Inorganic-hydrogen-polymer and hydrogen-polymer compounds and applications thereof
Abstract
Compounds are provided comprising at least one neutral, positive, or negative hydrogen species having a binding energy greater than its corresponding ordinary hydrogen species, or greater than any hydrogen species for which the corresponding ordinary hydrogen species is unstable or is not observed. Compounds comprise at least one increased binding energy hydrogen species and at least one other atom, molecule, or ion other than an increased binding energy hydrogen species. One group of such compounds contains one or more increased binding energy hydrogen species selected from the group consisting of H n , H n − , and H n + where n is a positive integer, with the proviso that n is greater than 1 when H has a positive charge. Another group of such compounds may have the formula [MH m M′X] n wherein m and n are each an integer, M and M′ are each an alkali or alkaline earth cation, X is a singly or doubly negative charged anion, and the hydrogen content H m of the compound comprises at least one increased binding energy hydrogen species. Applications of the compounds include use in batteries, fuel cells, cutting materials, light weight high strength structural materials and synthetic fibers, corrosion resistant coatings, heat resistant coatings, xerographic compounds, proton source, photoluminescent compounds, phosphors for lighting, ultraviolet and visible light source, photoconductors, photovoltaics, chemiluminescent compounds, fluorescent compounds, optical coatings, optical filters, extreme ultraviolet laser media, fiber optic cables, magnets and magnetic computer storage media, superconductors, and etching agents, masking agents, agents to purify silicon, dopants in semiconductor fabrication, cathodes for thermionic generators, fuels, explosives, and propellants. Increased binding energy hydrogen compounds are useful in chemical synthetic processing methods and refining methods. The increased binding energy hydrogen ion has application as the negative ion of the electrolyte of a high voltage electrolytic cell. The selectivity of increased binding energy hydrogen species in forming bonds with specific isotopes provides a means to purify desired isotopes of elements.
Claims
exact text as granted — not AI-modified1 - 101 . (canceled)

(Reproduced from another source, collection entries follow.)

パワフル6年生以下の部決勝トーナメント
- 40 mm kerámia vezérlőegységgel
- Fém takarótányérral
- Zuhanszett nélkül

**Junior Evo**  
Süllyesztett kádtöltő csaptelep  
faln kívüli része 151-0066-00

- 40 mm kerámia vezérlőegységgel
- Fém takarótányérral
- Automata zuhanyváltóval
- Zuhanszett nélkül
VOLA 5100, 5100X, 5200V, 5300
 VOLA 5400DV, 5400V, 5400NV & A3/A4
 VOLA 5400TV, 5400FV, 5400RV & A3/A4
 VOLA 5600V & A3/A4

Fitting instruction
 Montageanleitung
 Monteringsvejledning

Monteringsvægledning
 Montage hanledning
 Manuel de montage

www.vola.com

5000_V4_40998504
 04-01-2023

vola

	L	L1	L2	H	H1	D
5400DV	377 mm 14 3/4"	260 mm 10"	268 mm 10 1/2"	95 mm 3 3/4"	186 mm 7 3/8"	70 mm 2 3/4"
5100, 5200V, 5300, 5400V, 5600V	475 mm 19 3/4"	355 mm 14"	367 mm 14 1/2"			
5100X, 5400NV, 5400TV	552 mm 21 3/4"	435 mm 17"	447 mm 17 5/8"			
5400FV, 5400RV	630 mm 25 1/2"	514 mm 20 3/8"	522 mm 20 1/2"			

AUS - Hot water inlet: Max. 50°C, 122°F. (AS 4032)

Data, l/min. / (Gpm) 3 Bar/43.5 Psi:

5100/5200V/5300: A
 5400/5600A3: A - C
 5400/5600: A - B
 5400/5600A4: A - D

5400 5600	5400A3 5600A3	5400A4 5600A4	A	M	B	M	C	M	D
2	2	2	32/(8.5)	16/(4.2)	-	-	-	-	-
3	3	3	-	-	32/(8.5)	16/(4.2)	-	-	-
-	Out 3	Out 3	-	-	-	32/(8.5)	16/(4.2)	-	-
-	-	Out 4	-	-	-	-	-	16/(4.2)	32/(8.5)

102 . A method of forming the novel compounds of claim 1 comprising the steps of:
providing a gaseous catalyst comprising at least one selected from the group consisting of atoms of Li, Be, K, Ca, Ti, V, Cr, Mn, Fe, Co, Ni, Cu, Zn, As, Se, Kr, Rb, Sr, Nb, Mo, Pd, Sn, Te, Cs, Ce, Pr, Sm, Gd, Dy, Pb, and Pt; providing gaseous hydrogen atoms; reacting said gaseous catalyst with said gaseous hydrogen atoms, thereby forming hydrino from said gaseous hydrogen atoms; reacting said hydrino with at least one selected from the group of a source of electrons, H + , increased binding energy hydrogen species, and other element to form said novel compounds.
103 . A method of claim 102 of forming novel compounds wherein a gaseous catalysts comprises at least one selected from the group consisting of a source of K + , a source of Rb + , and a source of He + .

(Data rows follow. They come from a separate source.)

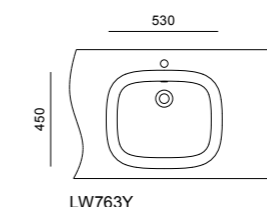

Встраиваемые раковины с гладкими непрерывными поверхностями — не только для общественных помещений.

Во встраиваемых раковинах TOTO можно сочетать различные материалы и поверхности. Вы можете выбрать столешницы, которые идеально подходят как для общественного, так и для личного применения.

Встраиваемые раковины

Встраиваемые раковины TOTO идеально подходят для интегрированных конструкций и могут сочетаться с различными материалами для потрясающего внешнего вида.

LW763Y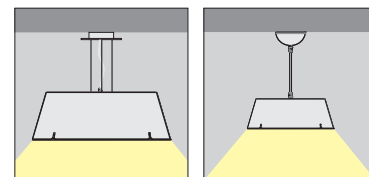

Colore struttura Structure color

Asia 250

Articolo Item

BI	NE
Codice	Code

W_{max}

LUMEN

LUMEN/W

Led	asia 250 led-W	76041	76047	8,33	led	1090	IP20	⊕	131	A
Led	asia 250 led-N	76051	76057	8,33	led	1090	IP20	⊕	131	A

Asia 350

Led	asia 350 led-W	76061	76067	15,3	led	2070	IP20	⊕	135	A
Led	asia 350 led-N	76071	76077	15,3	led	2070	IP20	⊕	135	A

Asia 550

Led	asia 550 led-W	76081	76087	34,1	led	3550	IP20	⊕	104	A
Led DM	asia 550 DM led-W	76091	76097	34,1	led	3550	IP20	⊕	104	A
Led	asia 550 led-N	76101	76107	34,1	led	3550	IP20	⊕	104	A
Led DM	asia 550 DM led-N	76111	76117	34,1	led	3550	IP20	⊕	104	A

Colore struttura Structure color

BI	RAL 9016	NE	RAL 9005
Bianco opaco Matt white		Nero opaco Matt black	

Led Equipaggiata con led 3000K - Equipped with led 3000K

Led Equipaggiata con led 4000K - Equipped with led 4000K

Led DM Led DM Dimmerabile PUSH/DALI
Dimmable PUSH/DALI (info page10)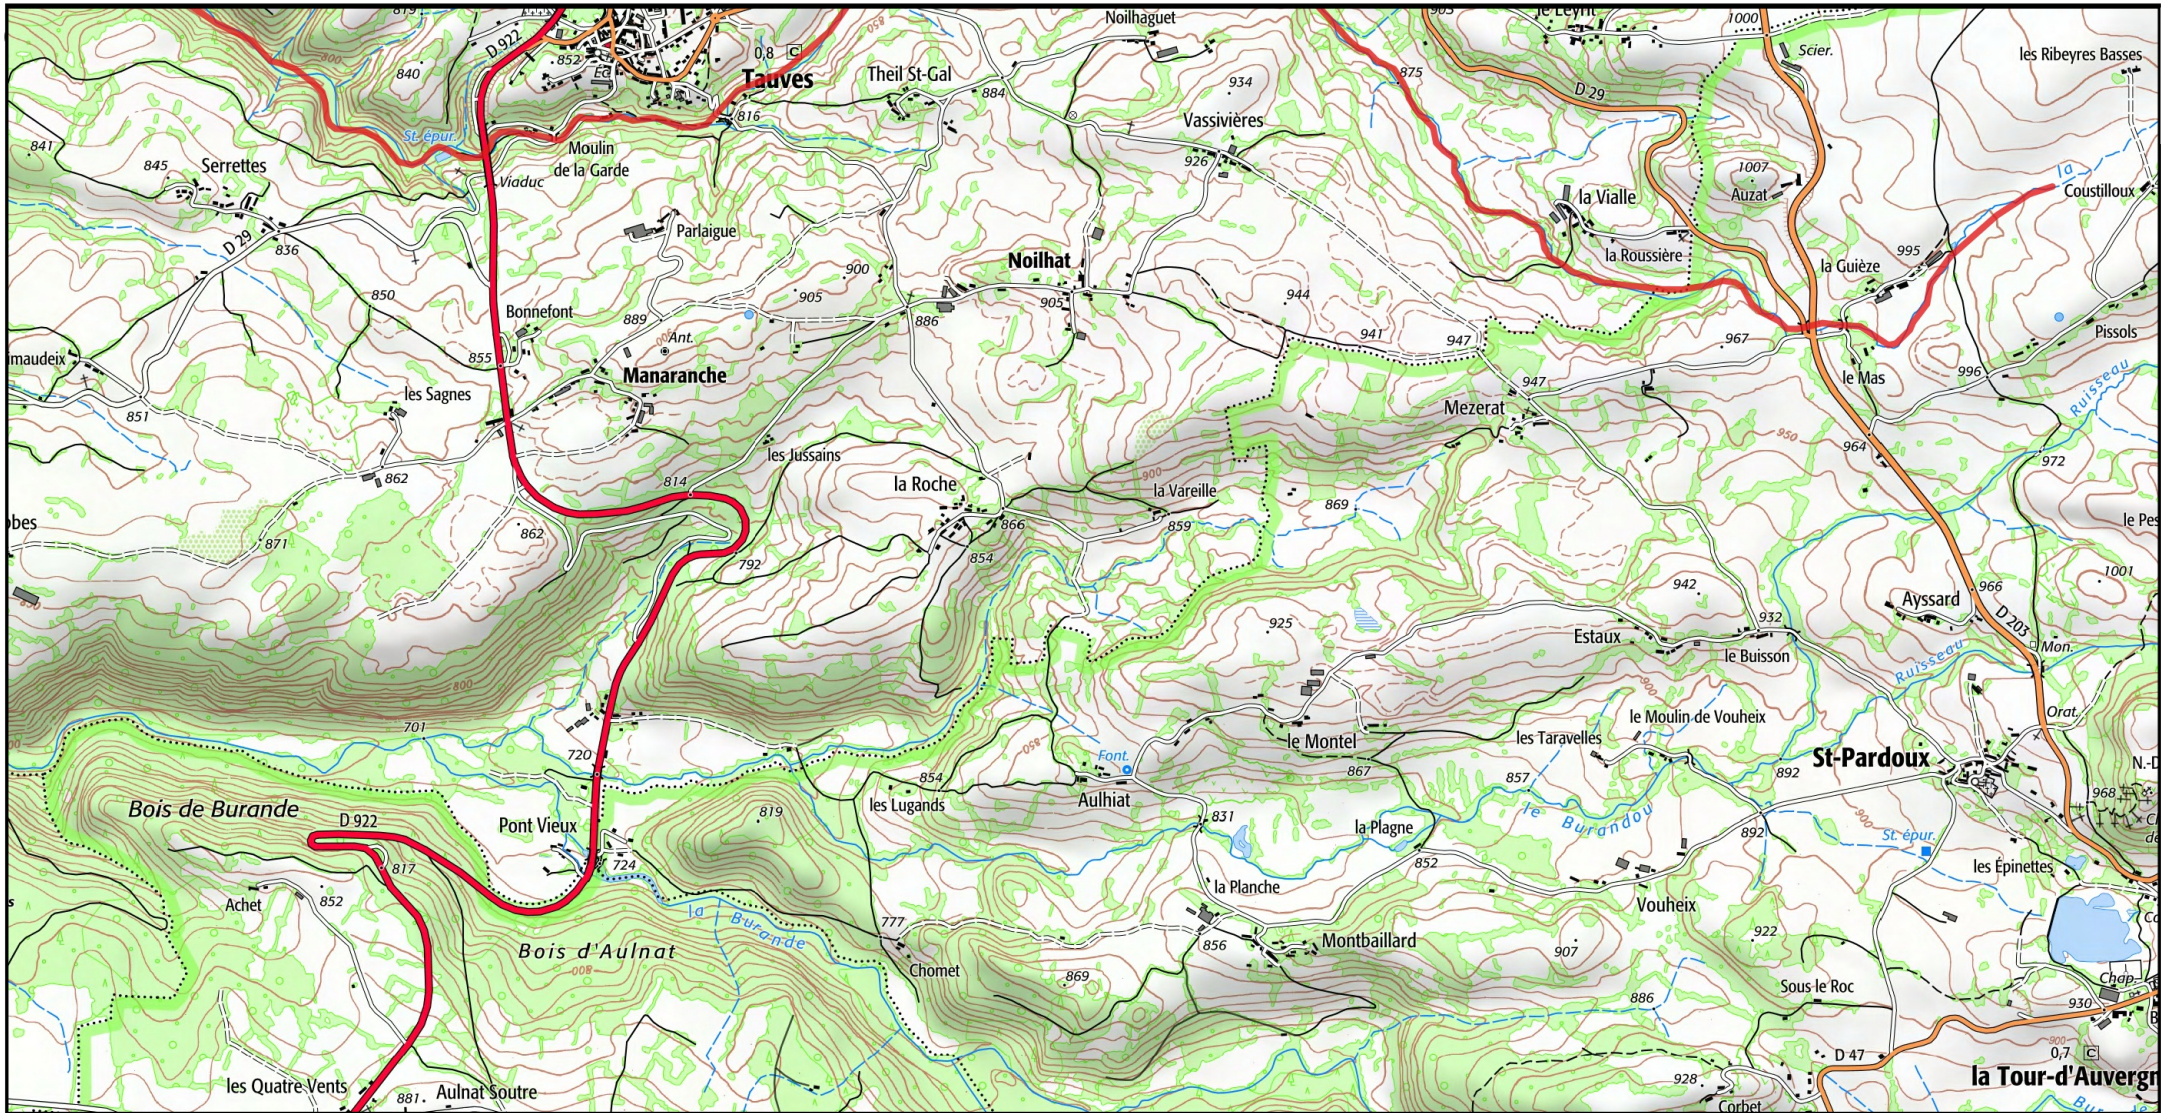

Site Natura 2000 : "Rivières à écrevisses à pattes blanches" - FR8301096
Département Puy-De-Dome, Région Auvergne-Rhône-Alpes

MINISTÈRE
DE LA TRANSITION
ÉCOLOGIQUE

Liberté
Égalité
Fraternité

Carte 4/4 au 1/25 000ème annexée à l'arrêté de modification de la zone spéciale de conservation (ZSC)

4/4

Zone Spéciale de Conservation (ZSC)

0 0,5 1 km

1/25 000 ème

Fond : Scan 25 IGN © - Données DREAL Auvergne-Rhône-Alpes 2021

Auteur : DREAL Auvergne-Rhône-Alpes 16-03-2021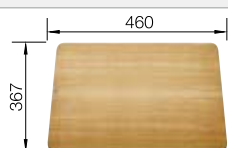

Flächenbündiger Einbau

Empfehlung optionales Zubehör

Esche-Compound-Schneidbrett

229 411

€ 270,00

Multifunktionsschale aus
Edelstahl

223 077

€ 174,00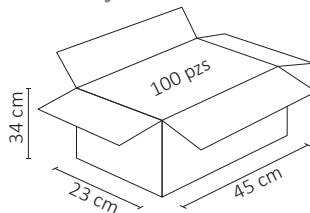

WPL-304

01 Ene 2025

NA

Placa de ABS color blanco de 2 contactos, fácil de instalar.
Ideal para residencial, comercio y oficina.

ESPECIFICACIONES

	PLACA
	127-250V~ 50/60Hz
	15 A
	75x115mm
	PESO: 55gr.
	PLÁSTICO ABS
	OPERACIÓN: -10°C A 40°C
	IP20 INTERIOR
	EMP: 5.5 x 7.5cm

VIDA ÚTIL: 30,000

Caja master

Empaque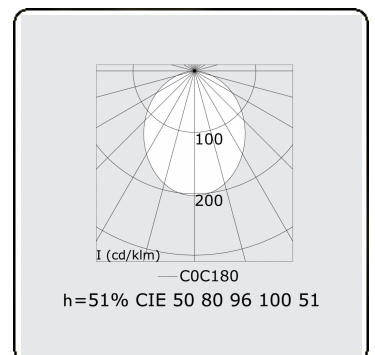

**Lichttechnische Daten**

UGR	>19
CIE Fluxcode	50 80 96 100 51

**Abmessungen**

A	2816 mm
---	---------

**Bemerkungen**

Pendelleuchte - Direct - HO 150mA satiniert (bündig) - RAL/RAL

**ENERGY**

Verrijgbaar op aanvraag.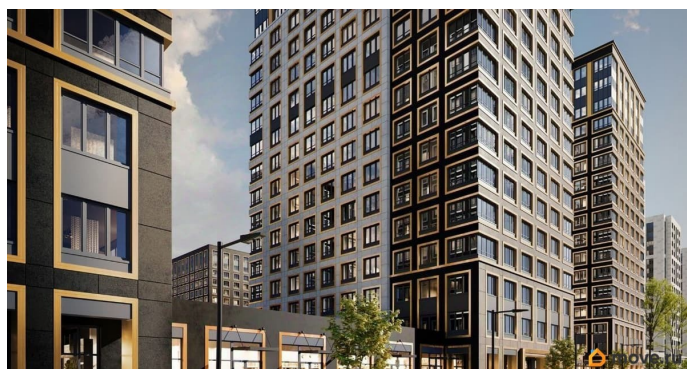

1 квартал 2029 г.

лифт

Описание

Продаётся 2-комнатная квартира в строящемся доме (Корпус 1 (секции 1, 2, 3)), срок сдачи: I-кв. 2029, общей площадью 53.79

кв.м., на 7 этаже. Новый жилой комплекс «Аурум» от застройщика «РосСтройИнвест» расположен по адресу: г. Санкт-Петербург, Кондратьевский проспект

104 . A method of claim 103 of forming novel compounds wherein the source of K + is potassium metal.
105 . A method of claim 103 of forming novel compounds wherein the source of Rb + is rubidium metal.

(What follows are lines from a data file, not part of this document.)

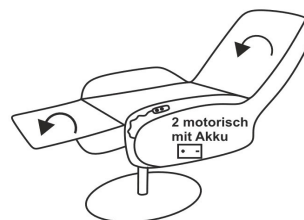

Komfortní funkce a doplňková výbava za příplatek:

Funkce 2-motorová:

Samostatné nastavení opěrky nohou a zádové opěrky až do lehu pomocí motoru.
K dispozici také s baterií za příplatek.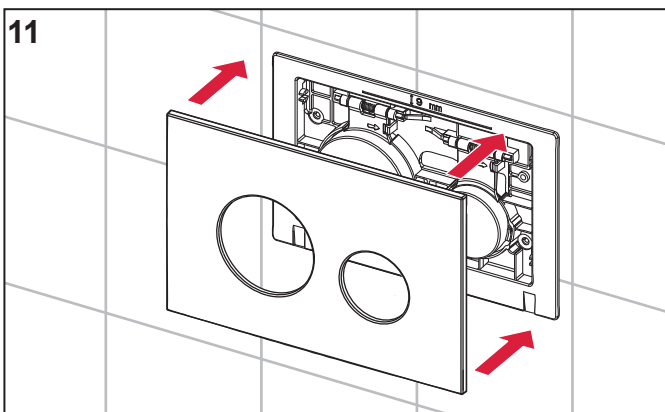

TECEloop

TECEprofil – WC 1120 mm

TECEprofil – WC 1120 mm

TECEprofil – WC 1120 mm

TECEprofil – WC 1120 mm

Service A 2 (2019)

9 820 223

Standardspülmenge: 6 Liter
Standard flush: 6 litre
Volume de chasse standard: 6 litres
Settaggio di fabbrica: 6 litro
Standaard spoelwater: 6 liter
Descarga estándar: 6 litros
Spłukiwanie standardowe: 6 litrów
Стандартный смыв: 6 литров

Restwasserhöhe bei 6 Liter > Restwasserhöhe bei 9 Liter
residual water height at 6 litre > residual water height at 9 litre
Volume résiduel pour 6 litres > Volume résiduel pour 9 litres

9820337 – Drosselset / Throttle set / Jeu de bague de réglage de débit / Set di riduzione pressione / Set de estrangulamiento / Zestaw dławika / Комплект ограничительных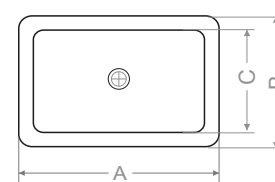

	mm
A	355
B	215
C	180
D	320
E	120
F	130

Ağırlık (kg)
3,5

Gider çapı (r/mm)
45

> E 091 ETEJERLİ DİKDÖRTGEN LAVABO

> E 092 SÜPÜRGELİKLİ ETEJERLİ DİKDÖRTGEN LAVABO

> E 093 SÜPÜRGELİKLİ ETEJERLİ DİKDÖRTGEN LAVABO

106 . A method of claim 102 of forming novel compounds further comprising the step of applying an adjustable electric or magnetic field to control the rate of formation of hydrino.
107 . A method for extracting energy from hydrogen atoms comprising the steps of:
providing a gaseous catalyst comprising at least one selected from the group consisting of atoms of Li, Be, K, Ca, Ti, V, Cr, Mn, Fe, Co, Ni, Cu, Zn, As, Se, Kr, Rb, Sr, Nb, Mo, Pd, Sn, Te, Cs, Ce, Pr, Sm, Gd, Dy, Pb, and Pt; providing gaseous hydrogen atoms; and reacting said gaseous catalyst with said gaseous hydrogen atoms, thereby releasing energy from said gaseous hydrogen atoms.
108 . A method of claim 107 for extracting energy from hydrogen atoms wherein a gaseous catalysts comprises at least one selected from the group consisting of a source of K + , a source of Rb + , and a source of He + .
109 . A method of claim 108 for extracting energy from hydrogen atoms wherein the source of K + is potassium metal.
110 . A method of claim 108 for extracting energy from hydrogen atoms wherein the source of Rb + is rubidium metal.
111 . A method of claim 107 for extracting energy from hydrogen atoms further comprising the step of applying an adjustable electric or magnetic field to control the rate of energy release.
112 . A cell for extracting energy from hydrogen atoms comprising:
a reaction vessel; a source of gaseous hydrogen atoms; and a source of a gaseous catalyst comprising at least one selected from the group consisting of atoms of Li, Be, K, Ca, Ti, V, Cr, Mn, Fe, Co, Ni, Cu, Zn, As, Se, Kr, Rb, Sr, Nb, Mo, Pd, Sn, Te, Cs, Ce, Pr, Sm, Gd, Dy, Pb, and Pt.
113 . A cell of claim 112 for extracting energy from hydrogen atoms wherein a gaseous catalysts comprises at least one selected from the group consisting of a source of K + a source of Rb + , and a source of He + .
114 . A cell of claim 113 for extracting energy from hydrogen atoms wherein the source of K + is potassium metal.
115 . A cell of claim 113 for extracting energy from hydrogen atoms wherein the source of Rb + is rubidium metal.
116 . A cell of claim 112 for extracting energy from hydrogen atoms further comprising an adjustable electric or magnetic field source.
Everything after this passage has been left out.